BEGIN Dataset excerpts
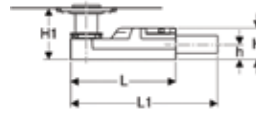

GEBERIT FLOOR DRAINS

Floor Drain

→ **154.050.00.1**

Floor construction height from 90mm
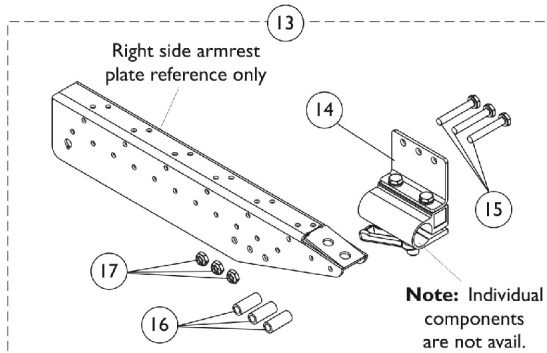

MK5 SPJ (After 6/26/03) & SPJ+ (Introduced 8/16/05) Joystick and Mounting Hardware

The SPJ+ Joystick plus Cable Kit replaces the SPJ Joystick after 10/31/07.

ASBA Seat, Fixed Height Joystick Offset Tube Clamp Assembly

MK5 SPJ (After 6/26/03) & SPJ+ (Introduced 8/16/05) Joystick and Mounting Hardware

The SPJ+ Joystick plus Cable Kit replaces the SPJ Joystick after 10/31/07.

Item Number	Note	Part Number	Description	Quantity Per	
				Package	Assembly
1	A,G	1153650	Kit, SPJ+ Joystick w/ Cable	1	1
2			Joystick, SPJ+	1	1
3			Knob, Joystick Rubber, Black	1	1
4			Skirt, Joystick Rubber, Black	1	1
5			NLA - Overlay, SPJ+ Joystick	1	1
6			Cable, Joystick SPJ+	1	1
7		1116404	Cable, Joystick Extension	1	1
2		1127291	Joystick, SPJ+	1	1
	H	See Note-NLA	See Footnote	1	1
3		1040217	Knob, Joystick Rubber, Black	1	1
4		1040218	Skirt, Joystick Rubber, Black	1	1
5		1165094	Kit, Overlay, SPJ+ Joystick (MK5/MK6)	1	1
			NLA - Overlay, SPJ+ Joystick	1	1
			Instruction Sheet, MK5/MK6 Overlay	1	1
6		1127293	Cable, Joystick SPJ+	1	1
7		1116404	Cable, Joystick Extension	1	1
8	E	1161733	Kit, 2" Offset Joystick Tube w/ Hardware	1	1
9			Plug Button, Black (7/8")	1	1
10			Tie Wrap (11-1/2" L)	1	2
11			Screw, Phillips Pan Head (#10-32 x 1-1/8")	1	2
11			Screw, Phillips Pan Head (M5 x .8 x 30mm)	1	2
12			Spacer, Joystick Tube, Black	1	1
			Tube, Joystick Offset (2")	1	1
8	B	1093069	Kit, 1/2" Offset Joystick Tube with Hardware	1	1
9		1027095	Plug Button, Black (7/8")	1	1
10		1095502-NLA	NLA - Package, Tie Wrap (11-1/2" L)	10	1
11		1025714	Screw, Phillips Pan Head (#10-32 x 1-1/8")	1	2
12		1093063	Spacer, Joystick Tube, Black	1	1
13	C	1115000	Kit, Joystick Tube Mounting Hardware - Captain Seat	1	1
14		1105049	Clamp Assembly, Fixed Height, Captain/ Van Seat	1	1
15		1037610	Screw, Hex Head (1/4-20 x 1-5/8")	1	3
16		1087219	Spacer (1/4 x 3/8 x 1")	1	3
17		1025195	NLA - Locknut (1/4-20)	1	3
18		1139422	Clamp, Height Adjustable Joystick Tube (ARM250)	1	1
19		1093071	Clamp, Fixed Height Joystick Tube	1	1
	D	1006270	Extension, Joystick, "T" Style (1560) (4" W x 5-1/2" L)	1	1
	D	1006271	Extension, Joystick, Straight Style (1561) (1/2" W x 5" L)	1	1
END Dataset excerpts
> [Work instructions]
Copy out exactly the lines that begin at the one with "Joystick Tube Mounting" and end at the close of the material above; nothing else belongs in the answer.

> [Finished exercise]
13	C	1115000	Kit, Joystick Tube Mounting Hardware - Captain Seat	1	1
14		1105049	Clamp Assembly, Fixed Height, Captain/ Van Seat	1	1
15		1037610	Screw, Hex Head (1/4-20 x 1-5/8")	1	3
16		1087219	Spacer (1/4 x 3/8 x 1")	1	3
17		1025195	NLA - Locknut (1/4-20)	1	3
18		1139422	Clamp, Height Adjustable Joystick Tube (ARM250)	1	1
19		1093071	Clamp, Fixed Height Joystick Tube	1	1
	D	1006270	Extension, Joystick, "T" Style (1560) (4" W x 5-1/2" L)	1	1
	D	1006271	Extension, Joystick, Straight Style (1561) (1/2" W x 5" L)	1	1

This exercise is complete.